[Records contained in a dataset]
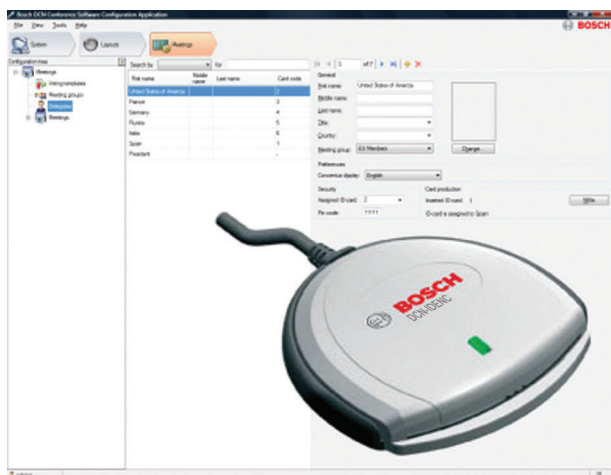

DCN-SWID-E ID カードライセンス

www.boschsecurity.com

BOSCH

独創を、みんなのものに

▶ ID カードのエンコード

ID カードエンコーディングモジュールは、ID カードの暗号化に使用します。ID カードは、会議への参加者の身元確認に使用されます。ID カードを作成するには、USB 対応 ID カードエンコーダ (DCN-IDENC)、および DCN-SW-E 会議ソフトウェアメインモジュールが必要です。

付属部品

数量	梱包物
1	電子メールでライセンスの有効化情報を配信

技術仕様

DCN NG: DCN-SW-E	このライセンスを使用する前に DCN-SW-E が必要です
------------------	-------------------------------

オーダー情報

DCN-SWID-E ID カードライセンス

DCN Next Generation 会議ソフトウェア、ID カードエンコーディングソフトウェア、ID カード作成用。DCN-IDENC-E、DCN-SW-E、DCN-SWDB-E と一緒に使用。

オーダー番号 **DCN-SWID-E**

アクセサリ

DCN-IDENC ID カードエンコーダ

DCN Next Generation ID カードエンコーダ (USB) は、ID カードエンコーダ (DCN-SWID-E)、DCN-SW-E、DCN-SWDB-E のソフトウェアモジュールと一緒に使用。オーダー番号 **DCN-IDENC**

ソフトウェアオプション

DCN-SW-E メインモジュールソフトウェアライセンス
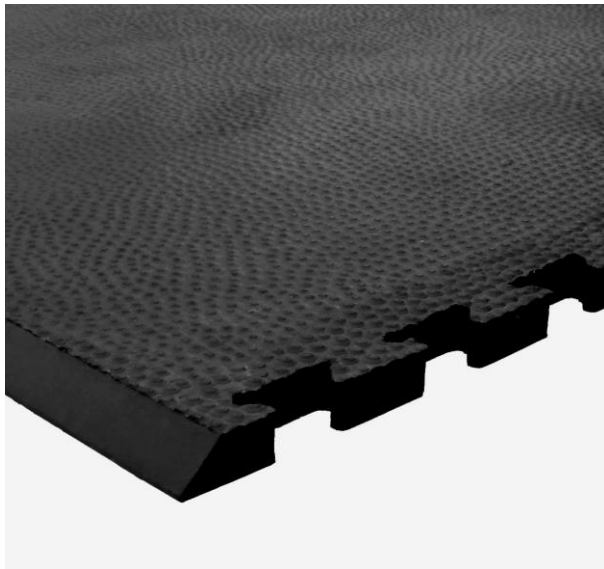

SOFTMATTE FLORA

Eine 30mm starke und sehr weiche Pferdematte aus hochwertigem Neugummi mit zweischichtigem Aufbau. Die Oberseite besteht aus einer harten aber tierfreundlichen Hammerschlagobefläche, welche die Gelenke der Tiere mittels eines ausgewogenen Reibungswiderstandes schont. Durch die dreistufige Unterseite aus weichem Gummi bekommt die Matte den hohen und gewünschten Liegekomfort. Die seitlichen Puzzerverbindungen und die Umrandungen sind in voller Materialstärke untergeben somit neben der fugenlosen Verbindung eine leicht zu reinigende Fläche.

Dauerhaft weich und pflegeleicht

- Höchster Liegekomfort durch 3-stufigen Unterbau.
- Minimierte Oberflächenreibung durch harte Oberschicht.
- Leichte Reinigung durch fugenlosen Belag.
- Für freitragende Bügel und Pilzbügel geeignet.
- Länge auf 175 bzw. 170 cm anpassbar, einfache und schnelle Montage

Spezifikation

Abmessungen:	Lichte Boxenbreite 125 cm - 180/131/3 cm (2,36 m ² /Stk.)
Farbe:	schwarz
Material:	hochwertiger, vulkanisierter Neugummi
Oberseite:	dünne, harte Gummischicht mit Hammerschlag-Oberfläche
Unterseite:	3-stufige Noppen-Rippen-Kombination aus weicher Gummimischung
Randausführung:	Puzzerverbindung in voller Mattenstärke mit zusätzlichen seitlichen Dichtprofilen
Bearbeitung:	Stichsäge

What you need to do – Up to and including the line with "aus weicher Gummimischung", copy the data above from its first line. Skip pictures.

Answer section –
DCN-SWID-E ID カードライセンス

www.boschsecurity.com

BOSCH

独創を、みんなのものに

▶ ID カードのエンコード

ID カードエンコーディングモジュールは、ID カードの暗号化に使用します。ID カードは、会議への参加者の身元確認に使用されます。ID カードを作成するには、USB 対応 ID カードエンコーダ (DCN-IDENC)、および DCN-SW-E 会議ソフトウェアメインモジュールが必要です。

付属部品

数量	梱包物
1	電子メールでライセンスの有効化情報を配信

技術仕様

DCN NG: DCN-SW-E	このライセンスを使用する前に DCN-SW-E が必要です
------------------	-------------------------------

オーダー情報

DCN-SWID-E ID カードライセンス

DCN Next Generation 会議ソフトウェア、ID カードエンコーディングソフトウェア、ID カード作成用。DCN-IDENC-E、DCN-SW-E、DCN-SWDB-E と一緒に使用。

オーダー番号 **DCN-SWID-E**

アクセサリ

DCN-IDENC ID カードエンコーダ

DCN Next Generation ID カードエンコーダ (USB) は、ID カードエンコーダ (DCN-SWID-E)、DCN-SW-E、DCN-SWDB-E のソフトウェアモジュールと一緒に使用。オーダー番号 **DCN-IDENC**

ソフトウェアオプション

DCN-SW-E メインモジュールソフトウェアライセンス

SOFTMATTE FLORA

Eine 30mm starke und sehr weiche Pferdematte aus hochwertigem Neugummi mit zweischichtigem Aufbau. Die Oberseite besteht aus einer harten aber tierfreundlichen Hammerschlagobefläche, welche die Gelenke der Tiere mittels eines ausgewogenen Reibungswiderstandes schont. Durch die dreistufige Unterseite aus weichem Gummi bekommt die Matte den hohen und gewünschten Liegekomfort. Die seitlichen Puzzerverbindungen und die Umrandungen sind in voller Materialstärke untergeben somit neben der fugenlosen Verbindung eine leicht zu reinigende Fläche.

Dauerhaft weich und pflegeleicht

- Höchster Liegekomfort durch 3-stufigen Unterbau.
- Minimierte Oberflächenreibung durch harte Oberschicht.
- Leichte Reinigung durch fugenlosen Belag.
- Für freitragende Bügel und Pilzbügel geeignet.
- Länge auf 175 bzw. 170 cm anpassbar, einfache und schnelle Montage

Spezifikation

Abmessungen:	Lichte Boxenbreite 125 cm - 180/131/3 cm (2,36 m ² /Stk.)
Farbe:	schwarz
Material:	hochwertiger, vulkanisierter Neugummi
Oberseite:	dünne, harte Gummischicht mit Hammerschlag-Oberfläche
Unterseite:	3-stufige Noppen-Rippen-Kombination aus weicher Gummimischung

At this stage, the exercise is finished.